I wish Duolingo would not use contractions in their prompts and responses. Particularly, the apostrophe-s to contract the subject with the word "is." In good English writing style, contractions should be eliminated in print when not marking a possessive. End of rant. Sorry.

[deactivated user]

    "i" implies "to" or "at." Whereas "ma" implies "in."


    do you mean "ma" implies "in" as in "inside"?


    The way I understand it, "ma" is only used to indicate where something is in space - so "in" or "on" and also "at" when used to indicate a stationary location (I'm not sure if it can also be used for "by" and also when it can or can't be used for time). On the other hand "i" can have all those meanings plus also indicate direction of motion, so "to", "at" (when indicating direction, like "he threw it at her", or time).


    What is the diference between "i" and "ma", both meaning "in"?

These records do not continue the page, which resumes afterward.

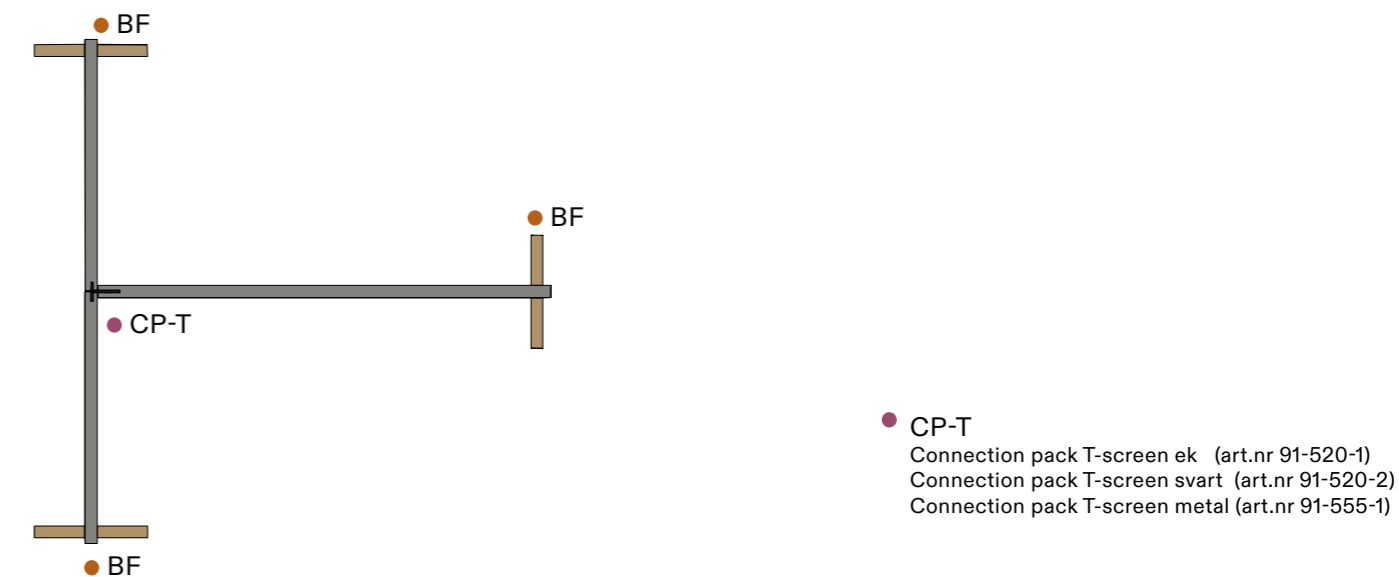

- BF
  Beam foot ek (art.nr 91-506-1)
  Beam foot svart (art.nr 91-506-2)
  Beam foot metal (art.nr 91-504-2)

- CF
  Cube foot ek (art.nr 91-505-1)
  Cube foot svart (art.nr 91-505-2)
  Cube foot metal (art.nr 91-540-1)

- CPB-2
  Connection pack Beam 2-screen ek (art.nr 91-521-1)
  Connection pack Beam 2-screen svart (art.nr 91-521-2)
  Connection pack Beam 2-screen metal (art.nr 91-556-1)

- CP-2
  Connection pack 2-screen ek (art.nr 91-517-1)
  Connection pack 2-screen svart (art.nr 91-517-2)
  Connection pack 2-screen svart (art.nr 91-517-2)
  Connection pack 2-screen metal (art.nr 91-552-1)

- CP-3
  Connection pack 3-screen ek (art.nr 91-518-1)
  Connection pack 3-screen svart (art.nr 91-518-2)
  Connection pack 3-screen metal (art.nr 91-553-1)

- CP-T
  Connection pack T-screen ek (art.nr 91-520-1)
  Connection pack T-screen svart (art.nr 91-520-2)
  Connection pack T-screen metal (art.nr 91-555-1)

    I am not sure why they use "i" here but I found this sentence with ma:

    • Aia koʻu tūtū kāne ma ka lumi moe...

    So, waiting for the explanation...


    According to wikitionary, they both mean in/at so you can use either. In other words, there is no difference between them apparently.

    Hope that makes sense :-)


    I thought the Hawaiian alphabet only had 13 letters:

    a e i o u h k l m n p w ʻ

    Why is tūtū using t?


    It's an old form for grandma. There are still many natives that use t,r, and s in their spoken language.


    I thought there was no Hawaiian word for "is"?


    Right. "Aia" marks the sentence as identifying something being at a particular location in space or time. In English we use "is" for that sort of thing, but "aia" has a more specific meaning and is not the same as "is". Also, in some sentences "aia" is more conveniently translated as "there is".